Demi Vollering wanted to lay the foundation for her second overall victory in the Tour de France Femmes on Saturday. But on the Col de la Madeleine, the Dutch rider had to deeply bow to Pauline Ferrand-Prévot. And that hurt a lot.
Lars Boom briefly places his hand on Vollering’s right shoulder at exactly 2,000 meters altitude. “Well done,” says the FDJ-SUEZ team leader to his leading rider.
Vollering barely registers the comforting gesture. The South Holland rider leans on her bike. With her head down, she tries to catch her breath again. She receives a red towel around her neck and a warming vest from her caregiver. “Close your jacket,” Boom advises. It’s not even 10 degrees at the top of the Col de la Madeleine.
After about five minutes, Vollering has recovered enough to answer five questions. “I don’t really know what my story is today,” she says after a deep sigh. “I didn’t feel as good as I had hoped. I lacked the power. And then cycling is very simple.”
The eighth stage of the Tour was the most important day of this season for Vollering. The course of the queen stage was made for her. On long climbs like the Madeleine (18.6 kilometers at 8.1 percent), she has almost always been the best in recent years. But now she lost more than three minutes to an unleashed Ferrand-Prévot.
The Frenchwoman is the new wearer of the yellow jersey thanks to her stage victory. Vollering is third at 3.18 minutes. With one stage to go, a podium finish seems the highest achievable. “I am very disappointed in myself,” says Vollering. She straightens the towel around her neck and zips up her jacket. “But it is what it is.”
Ferrand-Prévot solos to Tour victory
‘Maybe it was a bad day for Demi’
Vollering lost the Tour last year by four seconds to Kasia Niewiadoma. That third edition of the French tour was far from flawless. Vollering crashed in the fifth stage, lost the yellow jersey there and could not always count on the full support of her then team SD Worx.
This season Vollering switched to FDJ-SUEZ. The French team put everything on their Dutch leading rider in this Tour, but again there was a setback for Vollering. She crashed in the third stage, after which a war of words arose between her team and Visma-Lease a Bike, the team of Ferrand-Prévot.
“We will never know if that crash and that fuss have had an impact on today,” says team boss Stephen Delcourt of FDJ-SUEZ. “Maybe it was just a bad day for Demi. Of course, that crash was not easy for Demi. But we have always continued to believe in our leading rider. And in our plan.”
The plan of FDJ-SUEZ in the key stage of the Tour was to send Évita Muzic and Elise Chabbey in the leading group, in the hope that they could help Vollering on the Madeleine.
That only partially succeeded. Muzic stayed more than a minute ahead of Vollering for a long time.
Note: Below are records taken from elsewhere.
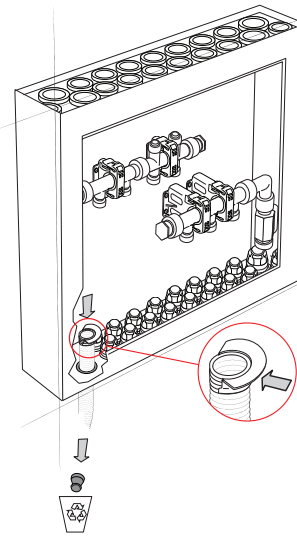

**Roth Quickskab**  
**Roth Vattentätt Quickskåp**  
**Roth Quickskap**  
**Roth Quick Jakotukkikaappi**  
Installation

400, 550, 800 mm indbygning  
400, 550, 800 mm  
400, 550, 800 mm INV  
400, 550, 800 mm Up

Roth Quickskab > Roth Vattentätt Quickskåp  
 Roth Quickskab > Roth Quick Jakotukkikaappi

4

5

6

7

8

9

**(DK) Tekniske data**

Roth Quickskab	VVS-nr. 046297.50x
Anvendelse	Brugsvand og gulvvarme
Materiale	ABS plast, EPDM
<b>Tilbehør</b>	
Ramme og låge	VVS-nr. 046297.51x

**(SE) Tekniska data**

Roth Vattentätt Quickskåp	RSK nr. 187 90 0x
Användningsområde	Tappvatten
Material	ABS plast, EPDM
<b>Tillbehör</b>	
Dörr + ram	RSK nr. 187 90 0x3

In the last 5 kilometers, the Frenchwoman did ensure with a turn at the front that her leading rider reconnected with a group with Niewiadoma, but that was already far behind Ferrand-Prévot. “It didn’t work out as we wanted,” says Chabbey. “But we did try.”
Vollering says afterwards that she was more than satisfied with the support of her team. “I told Évita that she had to keep going, because maybe she could keep turning at the front. Then it would be a shame if she waited for me. In the end, she did wait and brought me to Kasia. I was very happy with that.”
In the final kilometer, Vollering herself rode 23 seconds away from Niewiadoma with a final effort. As a result, she climbed over the Polish rider in the standings, to third place. “That was the only thing I could save, a podium finish. There wasn’t much more in that last kilometer, but it was enough to drop Kasia.”
On Sunday in the final stage, a tough mountain stage to the Châtel ski resort, that will most likely be the battle for Vollering: to retain her podium place. She doesn’t want to think about that yet on top of the cold Col de la Madeleine. “I’m pretty ruined at the moment,” she says. “First recover, then I’ll think about tomorrow.”